## PROMPT
All that is needed is an exact repetition of the lines from the one containing "PARTS CONTENT INFORMATION" through the final line of the material, without pictures.

## DATA EXTRACTS
-=-=-=-=-

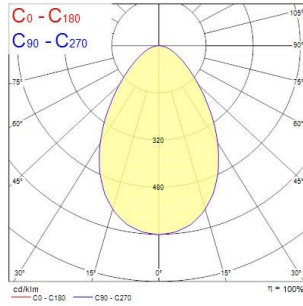

Insaver HE Topper LED 150

INSAVER 150 HE TOPPER LED WW
3033918

TECHNICAL DRAWINGS
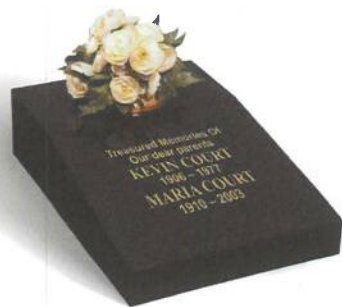

TULLY

An ITALIAN WHITE MARBLE book with fully carved cord and tassel. Supplied to a rubbed (non-reflective) finish.

LAING

Shown in PARADISO granite, this sloping desk style marker with a facility for flowers has an all polished low maintenance finish.

COURT

All polished low maintenance BLACK granite desk style marker memorial with a facility for flowers.

CORBETT

KARIN GREY granite with deeply carved corner roses (symbol of love). Illustrated with a polished face and rustic edges.
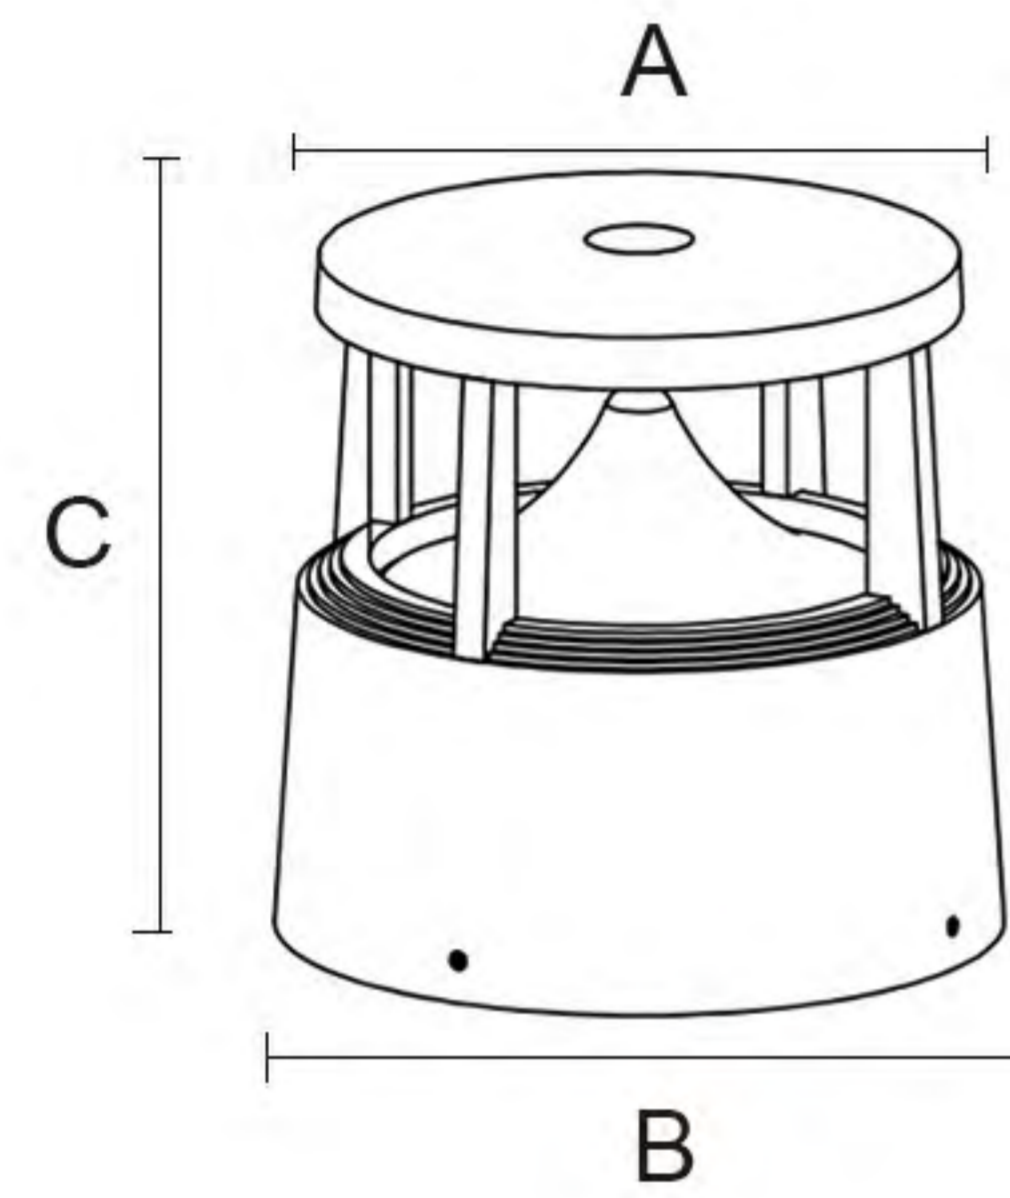

Features&Benefit (功能和优点)

Category (品类)	Wall Light
Diffuser Material (扩散器材质)	PC
Cover Material (面盖材质)	Aluminum
Operating mode (运行)	Built in
Steuerbar (开关)	On/Off
IP (防水等级)	54
Mounting type (安装类型)	Wall mounted
Mounting location (安装位置)	Wall
Application environment (应用环境)	Indoor/Outdoor
Body color (表面颜色)	Black/Dark Gray/Sliver Gray

Product Description (产品描述)

Suitable for use on the exterior walls, fences or suitable places of buildings such as courtyards, commercial buildings, office buildings, parks and so on. Providing general lighting or decoration in outdoor areas, they help distribute light evenly throughout a space, eliminating dark corners and enhancing overall brightness. Often used in conjunction with other light sources to create well-lit environments; highlighting display features, artwork or architectural elements to add a sense of accent to a space.
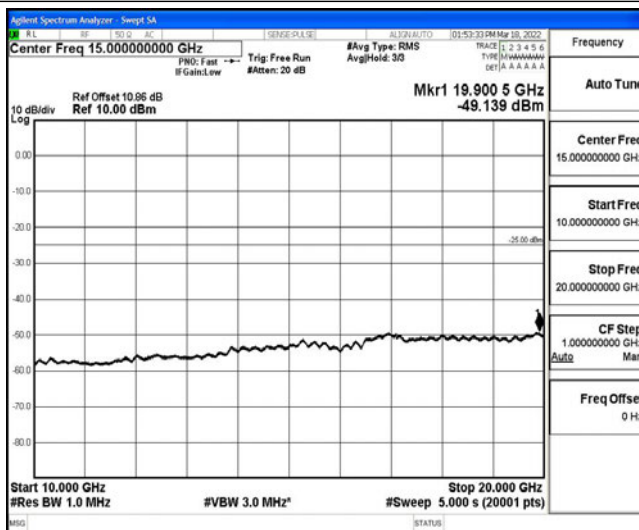

Band38-5MHz-16QAM-38225-1RB#0-Range5:10000~20000MHz

Band38-5MHz-16QAM-38225-1RB#0-Range6:20000~26500MHz
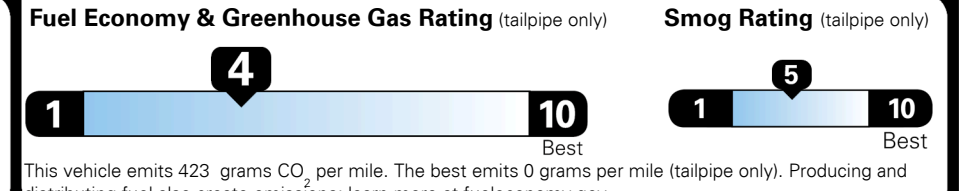

GENESIS WARRANTY

- 5-year/60,000-mile New Vehicle Warranty*
- 10-year/100,000-mile Powertrain Warranty*
- 7-year/Unlimited-mile Anti-perforation Warranty*
- Limited warranties, see dealer for details

Full Tank of Gas

Manufacturer's Suggested Retail Price: $42,550.00

ADDED FEATURES:

SOLD TO: FL713
GENESIS OF NAPLES
6780 AIRPORT RD N
NAPLES FL 34109

SHIPPED TO: FL713

VIN: KMTFN4JE7LU337311	ENGINE: G6DNKA265984	EXTERIOR COLOR: SAVILE SILVER	INTERIOR/SEAT COLOR: BLACK/BLACK
MODEL: S0402R65	PORT OF ENTRY: BR	TRANSPORT: TRUCK	ACCESSORY WEIGHT: 8 lbs./ 4 kgs.

EMISSIONS:
This vehicle is certified to meet emission requirements in all 50 states

Inland Freight & Handling : $995.00

TOTAL PRICE: $43,545.00

EPA DOT Fuel Economy and Environment

Gasoline Vehicle

Fuel Economy

21 MPG
combined city/hwy

18 MPG
city

26 MPG
highway

4.8 gallons per 100 miles

Large Cars range from 14 to 111 MPG. The best vehicle rates 136 MPGe.

You spend $2,250
more in fuel costs over 5 years
compared to the average new vehicle.

Annual fuel cost $1,950

Actual results will vary for many reasons, including driving conditions and how you drive and maintain your vehicle. The average new vehicle gets 27 MPG and costs $7,500 to fuel over 5 years. Cost estimates are based on 15,000 miles per year at $ 2.70 per gallon. MPG is miles per gasoline gallon equivalent. Vehicle emissions are a significant cause of climate change and smog.

fueleconomy.gov
Calculate personalized estimates and compare vehicles

GOVERNMENT 5-STAR SAFETY RATINGS

Overall Vehicle Score ★ ★ ★ ★ ★

Based on the combined rating of frontal, side and rollover. Should ONLY be compared to other vehicles of similar size and weight.

Frontal Crash	Driver	★ ★ ★ ★ ★
Crash	Passenger	★ ★ ★ ★ ★
Side Crash	Front seat	★ ★ ★ ★ ★
Crash	Rear seat	★ ★ ★ ★ ★
Rollover		★ ★ ★ ★ ★

Based on the risk of injury in a frontal impact. Should ONLY be compared to other vehicles of similar size and weight.

Based on the risk of injury in a side impact.

Based on the risk of rollover in a single-vehicle crash.

Manufacturer's suggested retail price includes manufacturer's recommended pre-delivery service. Gasoline license and title fees state and local taxes and dealer installed options and accessories are not included in the manufacturer's suggested retail price. This label has been affixed to this vehicle by Hyundai Motor America, pursuant to the requirements of 15 U.S.C. 1231 et seq. which prohibits its removal or alteration prior to delivery to the ultimate purchaser.

Scan this QR code for general model information and options

Star ratings range from 1 to 5 stars (★★★★★) with 5 being the highest.
Source: National Highway Traffic Safety Administration (NHTSA).
www.safercar.gov or 1-888-327-4236

PARTS CONTENT INFORMATION

FOR VEHICLES IN THIS CARLINE: U.S./CANADIAN PARTS CONTENT: 5 %

MAJOR SOURCES OF FOREIGN PARTS CONTENT: KOREA: 85 %

FOR THIS VEHICLE: FINAL ASSEMBLY POINT: ULSAN, KOREA

COUNTRY OF ORIGIN: ENGINE: KOREA TRANSMISSION: KOREA

Note: Parts content does not include final assembly, distribution, or other non-parts costs.
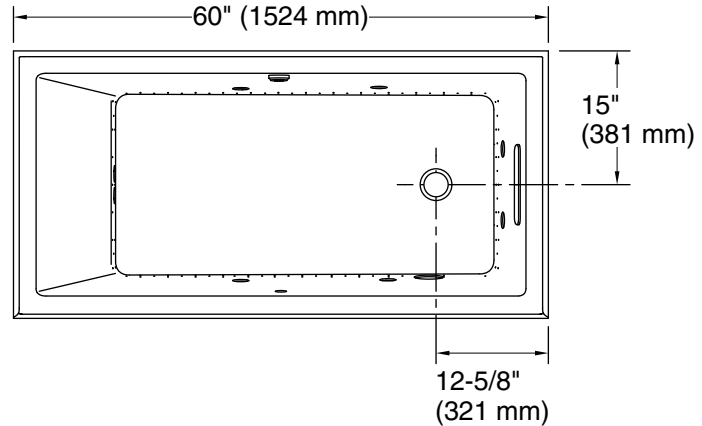

**Integral Flange Detail**

Blower Motor Access  
30" (762 mm) W x 15" (381 mm) H Min

### Technical Information

All product dimensions are nominal.

Installation:	Three-wall alcove
Drain location:	Right
Basin area, bottom:	42-7/16" x 20" (1078 mm x 508 mm)
Basin area, top:	54-5/16" x 24-1/4" (1380 mm x 616 mm)
Weight:	152 lbs (68.9 kg)
Minimum floor load:	53.9 lbs/ft <sup>2</sup> (263.2 kg/m <sup>2</sup> )
Water depth:	15-1/8" (384 mm)
Water capacity:	59.8 gal (226.4 L)
Electrical component rating:	Blower: 120 V, 10 A, 60 Hz Air bath: 120 V, 5 A, 60 Hz

-=-=-=-=-

## SOLUTION FOR THIS PROBLEM
PARTS CONTENT INFORMATION

FOR VEHICLES IN THIS CARLINE: U.S./CANADIAN PARTS CONTENT: 5 %

MAJOR SOURCES OF FOREIGN PARTS CONTENT: KOREA: 85 %

FOR THIS VEHICLE: FINAL ASSEMBLY POINT: ULSAN, KOREA

COUNTRY OF ORIGIN: ENGINE: KOREA TRANSMISSION: KOREA

Note: Parts content does not include final assembly, distribution, or other non-parts costs.

**Integral Flange Detail**

Blower Motor Access  
30" (762 mm) W x 15" (381 mm) H Min

### Technical Information

All product dimensions are nominal.

Installation:	Three-wall alcove
Drain location:	Right
Basin area, bottom:	42-7/16" x 20" (1078 mm x 508 mm)
Basin area, top:	54-5/16" x 24-1/4" (1380 mm x 616 mm)
Weight:	152 lbs (68.9 kg)
Minimum floor load:	53.9 lbs/ft <sup>2</sup> (263.2 kg/m <sup>2</sup> )
Water depth:	15-1/8" (384 mm)
Water capacity:	59.8 gal (226.4 L)
Electrical component rating:	Blower: 120 V, 10 A, 60 Hz Air bath: 120 V, 5 A, 60 Hz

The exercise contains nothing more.